TASK DESCRIPTION ▸
Needed from the data below: every line from the one with "Polling Station Front View" up to and including the one with "4 பெயர் : ரவிசுமார்", repeated exactly and with nothing else.

DATA FOR THIS EXERCISE Block Start

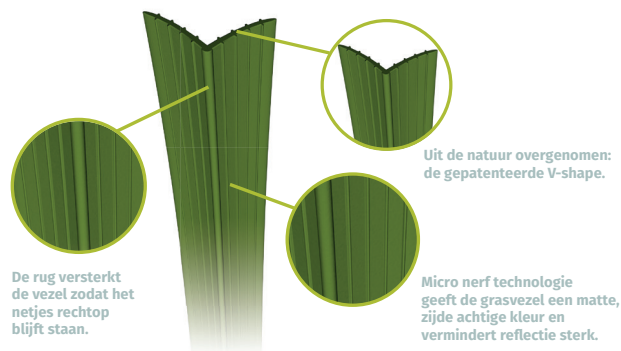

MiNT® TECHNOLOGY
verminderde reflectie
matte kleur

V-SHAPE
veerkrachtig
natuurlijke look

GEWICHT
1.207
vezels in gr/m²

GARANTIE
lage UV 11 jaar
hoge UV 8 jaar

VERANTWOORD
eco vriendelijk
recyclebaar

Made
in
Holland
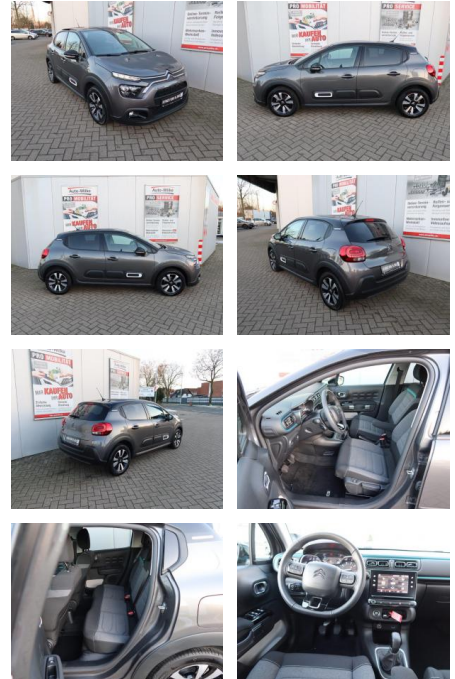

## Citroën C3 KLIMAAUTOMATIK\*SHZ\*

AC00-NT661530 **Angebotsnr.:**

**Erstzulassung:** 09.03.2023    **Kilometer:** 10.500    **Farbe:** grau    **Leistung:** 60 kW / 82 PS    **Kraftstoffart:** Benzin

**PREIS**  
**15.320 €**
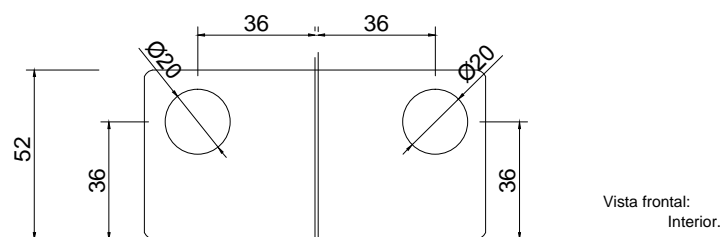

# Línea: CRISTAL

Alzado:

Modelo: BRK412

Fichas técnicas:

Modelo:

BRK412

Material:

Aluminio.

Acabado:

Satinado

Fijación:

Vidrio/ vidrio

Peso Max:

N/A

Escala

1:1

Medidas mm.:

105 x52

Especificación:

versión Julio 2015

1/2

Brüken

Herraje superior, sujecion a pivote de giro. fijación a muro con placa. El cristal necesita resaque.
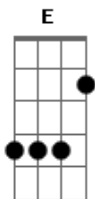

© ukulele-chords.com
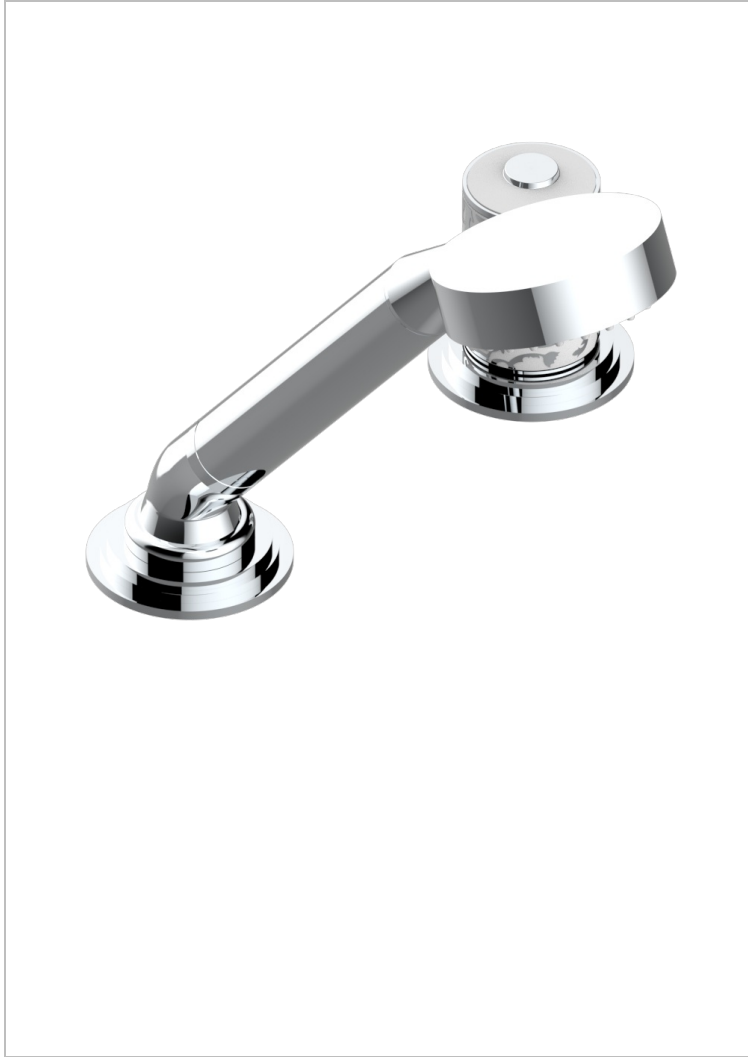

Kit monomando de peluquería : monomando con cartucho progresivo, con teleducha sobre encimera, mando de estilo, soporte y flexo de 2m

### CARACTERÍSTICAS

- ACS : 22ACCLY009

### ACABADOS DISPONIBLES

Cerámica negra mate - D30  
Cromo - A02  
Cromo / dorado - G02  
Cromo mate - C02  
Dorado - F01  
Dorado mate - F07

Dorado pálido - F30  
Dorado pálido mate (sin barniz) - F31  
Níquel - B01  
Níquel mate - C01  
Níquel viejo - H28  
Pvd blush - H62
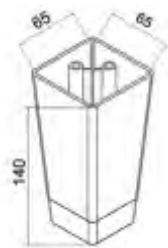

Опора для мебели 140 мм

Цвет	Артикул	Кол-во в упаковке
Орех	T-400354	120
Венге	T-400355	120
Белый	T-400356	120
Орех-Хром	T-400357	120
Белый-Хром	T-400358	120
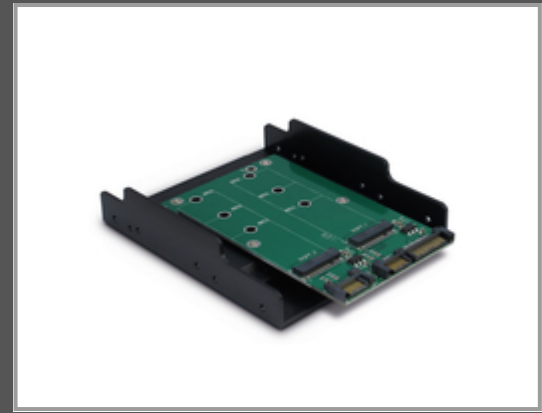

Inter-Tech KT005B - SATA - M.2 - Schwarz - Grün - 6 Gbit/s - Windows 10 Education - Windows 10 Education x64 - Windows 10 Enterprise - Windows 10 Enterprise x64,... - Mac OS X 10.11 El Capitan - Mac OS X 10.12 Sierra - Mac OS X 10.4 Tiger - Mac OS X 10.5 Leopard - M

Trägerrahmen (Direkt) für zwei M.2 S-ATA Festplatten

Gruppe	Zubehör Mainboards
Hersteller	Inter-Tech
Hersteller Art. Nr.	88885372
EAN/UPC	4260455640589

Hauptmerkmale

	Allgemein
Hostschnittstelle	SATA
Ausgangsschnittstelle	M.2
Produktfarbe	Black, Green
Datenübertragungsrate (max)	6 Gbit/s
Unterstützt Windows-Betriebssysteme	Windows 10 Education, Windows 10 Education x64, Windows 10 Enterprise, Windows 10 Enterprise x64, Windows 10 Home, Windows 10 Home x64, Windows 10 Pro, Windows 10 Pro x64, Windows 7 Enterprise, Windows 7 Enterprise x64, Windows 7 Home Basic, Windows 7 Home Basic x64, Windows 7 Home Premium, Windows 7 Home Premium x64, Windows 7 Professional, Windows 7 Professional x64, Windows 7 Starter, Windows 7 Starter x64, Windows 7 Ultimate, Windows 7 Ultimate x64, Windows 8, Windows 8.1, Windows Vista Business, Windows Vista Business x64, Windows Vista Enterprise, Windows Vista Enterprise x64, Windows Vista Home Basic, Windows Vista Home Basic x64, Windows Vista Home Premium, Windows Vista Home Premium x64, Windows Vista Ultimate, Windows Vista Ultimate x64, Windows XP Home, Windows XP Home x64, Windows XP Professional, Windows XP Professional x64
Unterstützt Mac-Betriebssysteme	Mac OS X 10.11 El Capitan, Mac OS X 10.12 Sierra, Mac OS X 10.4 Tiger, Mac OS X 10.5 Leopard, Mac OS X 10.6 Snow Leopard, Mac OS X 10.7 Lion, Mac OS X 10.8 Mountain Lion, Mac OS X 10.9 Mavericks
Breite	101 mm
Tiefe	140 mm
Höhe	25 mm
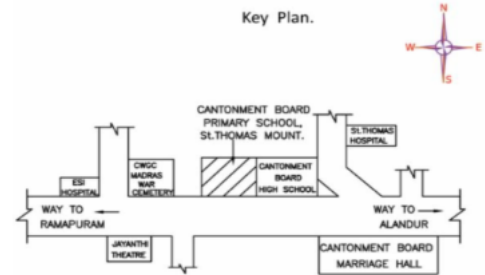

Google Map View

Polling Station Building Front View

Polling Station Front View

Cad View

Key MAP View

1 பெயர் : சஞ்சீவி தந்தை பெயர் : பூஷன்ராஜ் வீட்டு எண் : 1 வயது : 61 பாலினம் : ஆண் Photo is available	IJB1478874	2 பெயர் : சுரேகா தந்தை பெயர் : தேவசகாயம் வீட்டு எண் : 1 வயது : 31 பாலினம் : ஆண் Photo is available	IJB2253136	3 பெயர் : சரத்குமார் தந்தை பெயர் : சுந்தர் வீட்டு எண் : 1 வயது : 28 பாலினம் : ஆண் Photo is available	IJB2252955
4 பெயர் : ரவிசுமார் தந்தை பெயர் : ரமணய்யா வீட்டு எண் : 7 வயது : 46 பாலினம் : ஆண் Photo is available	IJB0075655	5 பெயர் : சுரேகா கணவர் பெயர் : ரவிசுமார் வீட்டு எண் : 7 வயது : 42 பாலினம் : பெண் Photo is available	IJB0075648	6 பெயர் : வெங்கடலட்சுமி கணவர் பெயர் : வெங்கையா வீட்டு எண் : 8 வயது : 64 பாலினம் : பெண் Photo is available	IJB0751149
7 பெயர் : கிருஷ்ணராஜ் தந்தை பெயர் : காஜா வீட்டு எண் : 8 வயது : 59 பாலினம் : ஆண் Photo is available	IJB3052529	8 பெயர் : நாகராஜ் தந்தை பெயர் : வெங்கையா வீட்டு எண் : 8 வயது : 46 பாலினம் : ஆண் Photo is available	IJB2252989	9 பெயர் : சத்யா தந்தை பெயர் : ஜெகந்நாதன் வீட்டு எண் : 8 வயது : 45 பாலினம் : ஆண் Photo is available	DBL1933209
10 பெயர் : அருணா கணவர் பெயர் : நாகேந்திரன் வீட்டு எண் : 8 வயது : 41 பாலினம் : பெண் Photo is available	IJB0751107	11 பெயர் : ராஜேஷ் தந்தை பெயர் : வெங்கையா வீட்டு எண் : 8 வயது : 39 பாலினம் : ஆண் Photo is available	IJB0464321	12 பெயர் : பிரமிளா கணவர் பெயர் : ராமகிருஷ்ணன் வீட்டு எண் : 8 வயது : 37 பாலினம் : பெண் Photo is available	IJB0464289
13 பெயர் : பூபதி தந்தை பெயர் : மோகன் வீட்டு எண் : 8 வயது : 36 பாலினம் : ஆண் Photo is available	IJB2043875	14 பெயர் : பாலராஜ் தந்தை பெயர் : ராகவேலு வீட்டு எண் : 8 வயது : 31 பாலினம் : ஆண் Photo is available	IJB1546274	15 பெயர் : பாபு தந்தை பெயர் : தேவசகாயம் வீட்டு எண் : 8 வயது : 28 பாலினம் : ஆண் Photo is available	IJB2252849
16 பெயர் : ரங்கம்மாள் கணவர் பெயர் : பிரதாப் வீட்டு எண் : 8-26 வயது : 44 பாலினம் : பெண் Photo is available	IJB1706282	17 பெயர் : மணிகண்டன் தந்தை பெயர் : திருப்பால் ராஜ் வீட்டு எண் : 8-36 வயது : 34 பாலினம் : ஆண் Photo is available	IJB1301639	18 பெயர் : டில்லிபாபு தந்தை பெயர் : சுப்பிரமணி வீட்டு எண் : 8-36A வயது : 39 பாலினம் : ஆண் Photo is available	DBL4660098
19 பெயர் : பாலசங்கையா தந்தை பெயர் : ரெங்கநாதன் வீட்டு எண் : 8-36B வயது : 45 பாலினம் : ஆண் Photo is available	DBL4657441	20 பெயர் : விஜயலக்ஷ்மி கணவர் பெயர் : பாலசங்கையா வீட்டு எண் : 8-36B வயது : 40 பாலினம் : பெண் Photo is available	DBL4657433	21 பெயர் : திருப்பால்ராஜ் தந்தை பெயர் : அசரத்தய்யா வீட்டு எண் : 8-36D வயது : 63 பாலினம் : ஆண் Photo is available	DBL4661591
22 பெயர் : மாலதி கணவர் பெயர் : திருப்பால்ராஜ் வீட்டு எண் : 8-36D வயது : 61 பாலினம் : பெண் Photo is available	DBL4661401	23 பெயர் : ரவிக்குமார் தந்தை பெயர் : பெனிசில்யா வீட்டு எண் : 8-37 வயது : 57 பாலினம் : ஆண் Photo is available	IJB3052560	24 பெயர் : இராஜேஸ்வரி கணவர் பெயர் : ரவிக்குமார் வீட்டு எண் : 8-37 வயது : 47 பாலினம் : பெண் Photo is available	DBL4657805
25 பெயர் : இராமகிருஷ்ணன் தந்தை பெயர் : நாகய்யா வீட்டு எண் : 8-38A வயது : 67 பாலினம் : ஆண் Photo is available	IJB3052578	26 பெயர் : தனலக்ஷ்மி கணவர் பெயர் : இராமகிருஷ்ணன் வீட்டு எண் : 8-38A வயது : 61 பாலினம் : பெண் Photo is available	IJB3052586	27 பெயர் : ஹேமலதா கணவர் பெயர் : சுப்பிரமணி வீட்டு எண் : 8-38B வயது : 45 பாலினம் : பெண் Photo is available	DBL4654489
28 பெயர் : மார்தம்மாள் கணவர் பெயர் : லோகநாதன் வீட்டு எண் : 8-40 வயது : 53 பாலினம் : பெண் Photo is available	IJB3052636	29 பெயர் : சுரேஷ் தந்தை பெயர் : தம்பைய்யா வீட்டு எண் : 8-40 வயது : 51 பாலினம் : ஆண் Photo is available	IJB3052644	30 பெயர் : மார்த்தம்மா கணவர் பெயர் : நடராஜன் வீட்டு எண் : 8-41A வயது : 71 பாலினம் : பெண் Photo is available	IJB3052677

DATA FOR THIS EXERCISE Block End

YOUR SOLUTION ▸
Polling Station Front View

Cad View

Key MAP View

1 பெயர் : சஞ்சீவி தந்தை பெயர் : பூஷன்ராஜ் வீட்டு எண் : 1 வயது : 61 பாலினம் : ஆண் Photo is available	IJB1478874	2 பெயர் : சுரேகா தந்தை பெயர் : தேவசகாயம் வீட்டு எண் : 1 வயது : 31 பாலினம் : ஆண் Photo is available	IJB2253136	3 பெயர் : சரத்குமார் தந்தை பெயர் : சுந்தர் வீட்டு எண் : 1 வயது : 28 பாலினம் : ஆண் Photo is available	IJB2252955
4 பெயர் : ரவிசுமார் தந்தை பெயர் : ரமணய்யா வீட்டு எண் : 7 வயது : 46 பாலினம் : ஆண் Photo is available	IJB0075655	5 பெயர் : சுரேகா கணவர் பெயர் : ரவிசுமார் வீட்டு எண் : 7 வயது : 42 பாலினம் : பெண் Photo is available	IJB0075648	6 பெயர் : வெங்கடலட்சுமி கணவர் பெயர் : வெங்கையா வீட்டு எண் : 8 வயது : 64 பாலினம் : பெண் Photo is available	IJB0751149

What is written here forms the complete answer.